Problem requirements:
Please copy the data exactly as it stands, minus the images.

-- Information supplied follows --

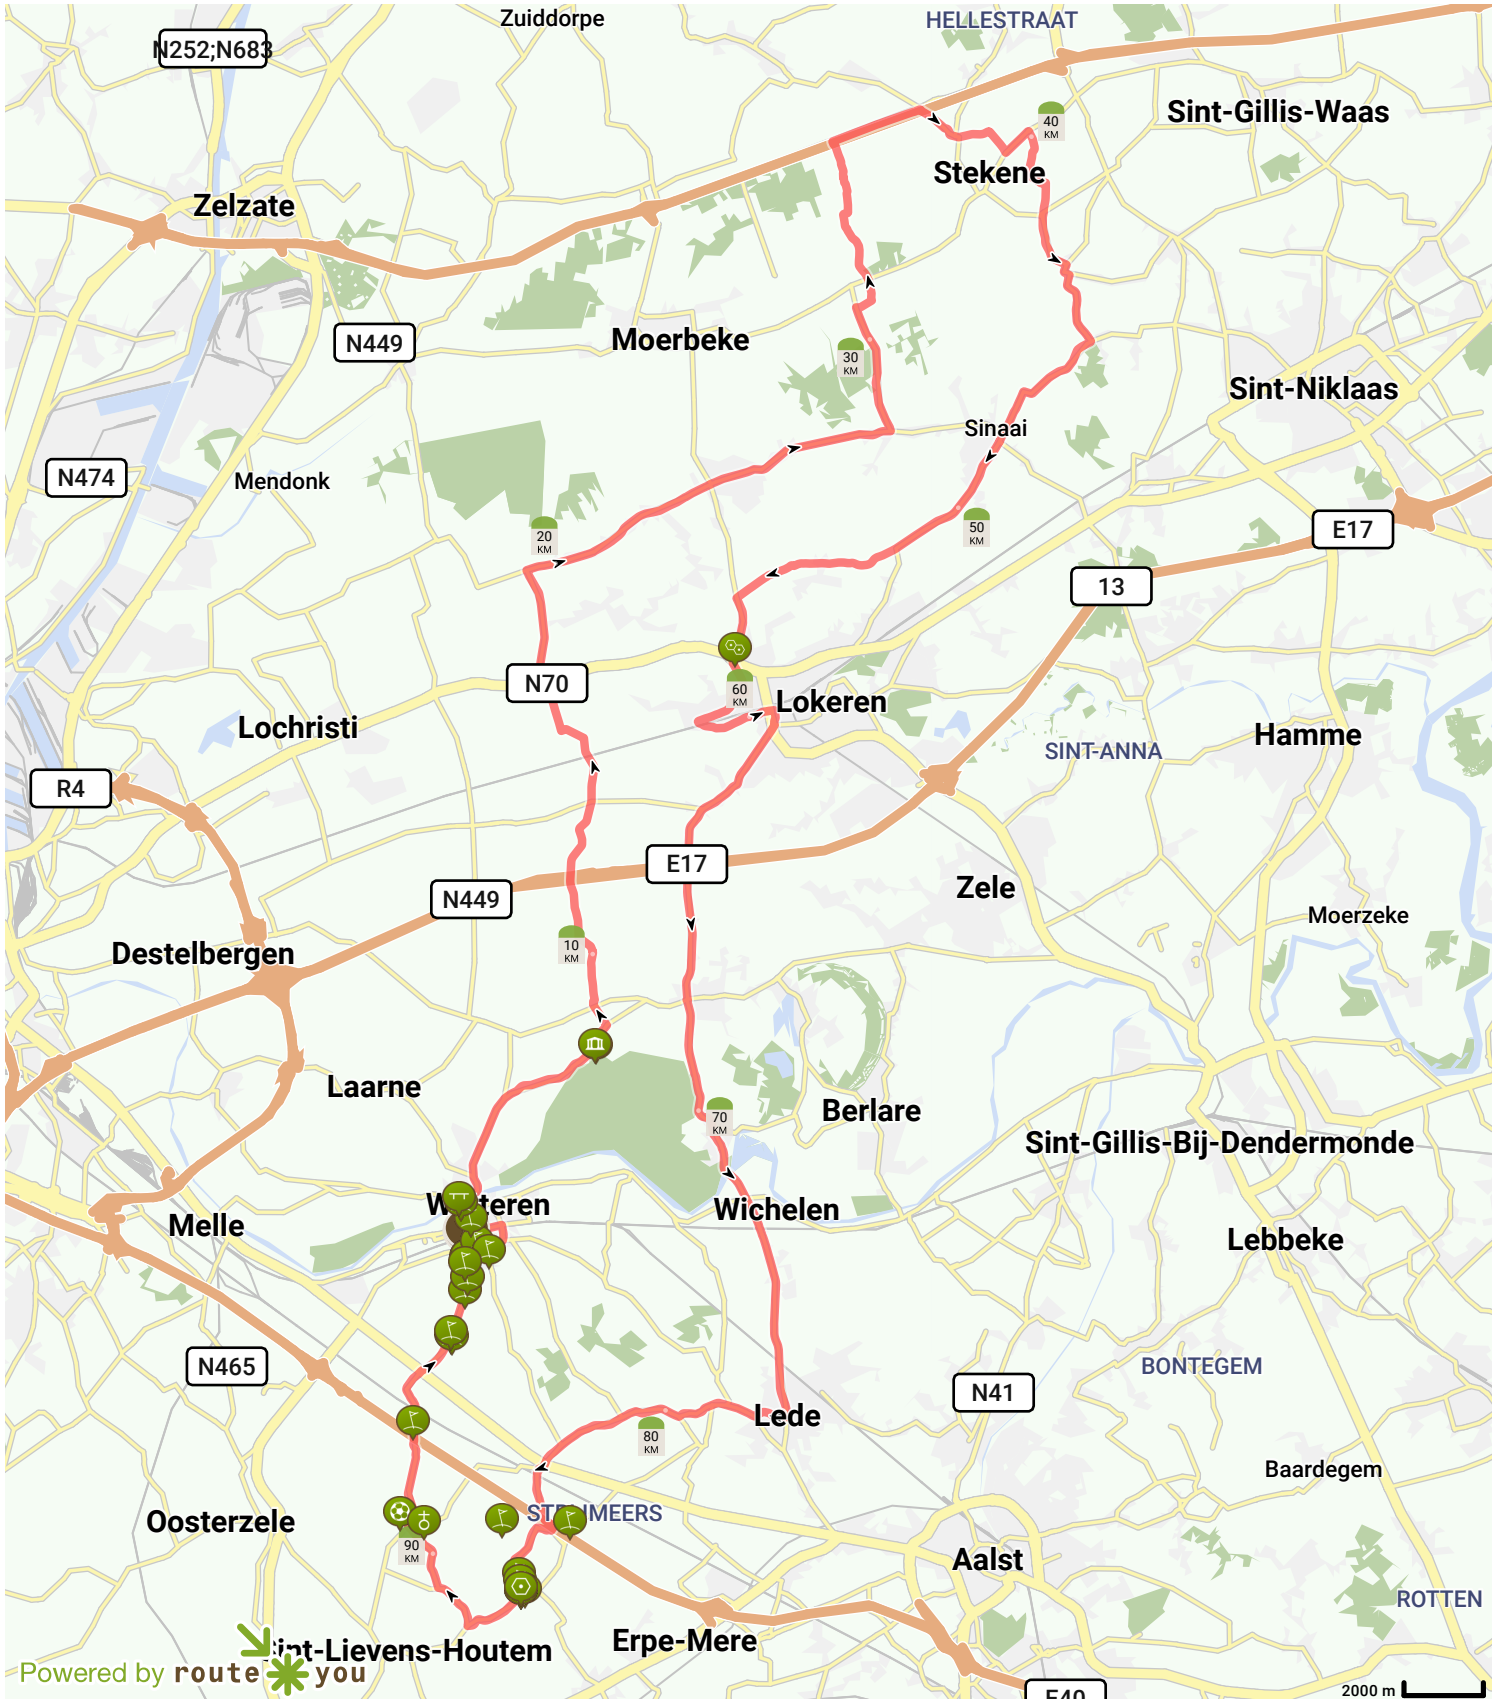

XXXX Sinaai AB Wegomlegging XXXX

View on mobile

By HappyD

Length: 97.09 km

Ascent: 213 m

difficulty level: 5/10

Massemssteenweg, N462, Wetteren, Belgium

Massemssteenweg, N462, Wetteren, Belgium

Powered by route you

Map Data: © OpenStreetMap Contributors; Cartography: © RouteYou

-- Information supplied concluded --

Output of the task:
XXXX Sinaai AB Wegomlegging XXXX

View on mobile

By HappyD

Length: 97.09 km

Ascent: 213 m

difficulty level: 5/10

Massemssteenweg, N462, Wetteren, Belgium

Massemssteenweg, N462, Wetteren, Belgium

Powered by route you

Map Data: © OpenStreetMap Contributors; Cartography: © RouteYou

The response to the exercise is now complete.